Alexander Hamilton Papers

To Alexander Hamilton from James McHenry, 4 December 1801

From James McHenry1

Baltimore 4 Decr. 1801.

My dear Sir

I sincerely condole with Mrs. Hamilton and you on the loss which you have sustained in the death of your beloved son Philip. I can well conceive of the distress this event has occasioned, and the tender recollections that his memory must long continue to excite. I lost my eldest child, a daughter,2 after she had discovered whatever can promise to flattter parental expectations. Is there ought in this world can console for such losses, and who shall dare to hope that he is to pass through it without tasting a portion of its afflictions?

Col. Rogers3 will deliver you this letter of condolence. He is my intimate friend, and one of our best and worthiest citizens.
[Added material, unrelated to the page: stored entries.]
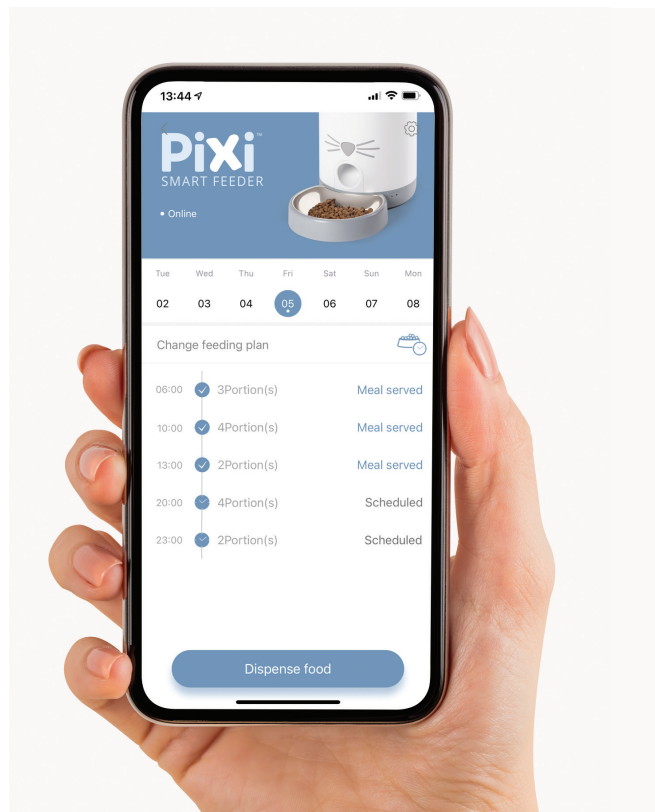

Using the app, you can access any of these feeder features remotely:

Dispense food

Instantly dispenses one portion of food in your cat's feeding dish.

Schedule feedings

Schedule your cat's feeding times in a cycle of 7 days. Program up to 12 meals per day.

Customize meal size

Adjust the default meal size (number of portions) that the feeder will dispense per feeding to your cat's specific needs.

Real-time status overview

See when the next scheduled meal will be and whether or not the feeder contains enough food at present time.

Enable audio (optional)

The feeder will play a sound to notify your cat that food has been served.

App sharing

Have multiple people (e.g. family, cat sitter) control and monitor the feeder by logging in to their account on the app.

Pixi™

SMART FEEDER

Notifications

The Catit PIXI™ Smart Feeder automatically detects status changes, such as when food is running out. Simply enable notifications in the Catit PIXI™ app, and get notified about those events directly on your smartphone.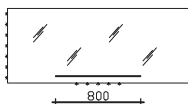

functional mirror with glass shelf
on carrier plate for 1 top light
incl. LED effect lighting
12V LED, LM LED, 3x 4W
with switch unit incl. USB connection (5V, max. 1A)
and glass shelf
Total depth: 132 mm

Please specify decor colour! Top lights available as an optional extra!

height	width	depth	order text	door stop	carcass quality	EEC	PG 1	PG 2	PG 3
700	1700	32	S16-FSP 31			A+ (1)	-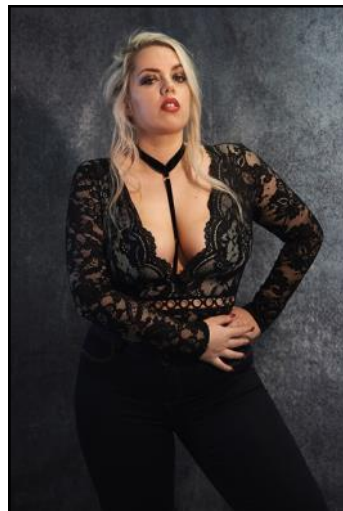

**KATIE KNOWLES**

HEIGHT: 5'8

WAIST: 36

CHEST: 46

HIPS: 45

DRESS SIZE: 14-16

SHOE: 8

HAIR COLOUR: BLONDE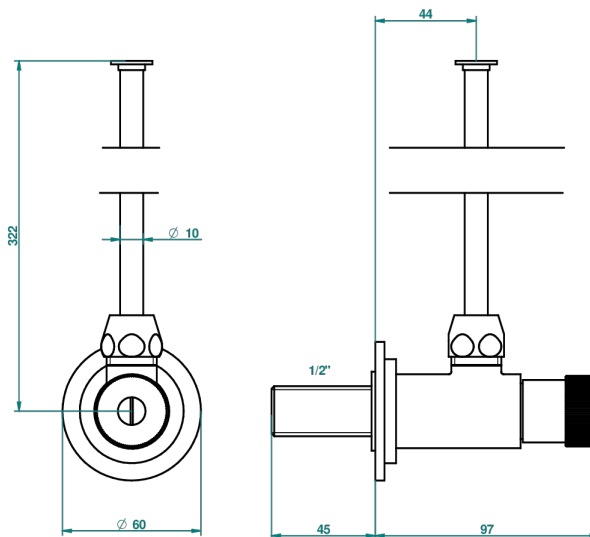

VOGUE LAPIS LAZULI

A8S-181

1/2" adjustable stop cock with 30 cm tube

THG[®]
PARIS

1878

10/01/2020

CHARACTERISTIC

- Vogue Lapis Lazuli
- 1/2" adjustable stop cock with 30 cm tube

Receive him I request you as such, and believe me to be your sympathising and affectionate


Alexander Hamilton Esqr.

ALS, Hamilton Papers, Library of Congress; ADfS, James McHenry Papers, Library of Congress.

1For background to this letter, see Benjamin Rush to H, November 26, 1801.

2McHenry’s oldest child, Grace, was born on November 2, 1784, and died on March 24, 1789.

3Nicholas Rogers, a native of France, held the rank of major in the Continental Army during the American Revolution and served as aide-de-camp to General Baron de Kalb. On December 10, 1778, when he retired from the Army, he was brevetted a lieutenant colonel. When the letter printed above was written, he was living in Baltimore.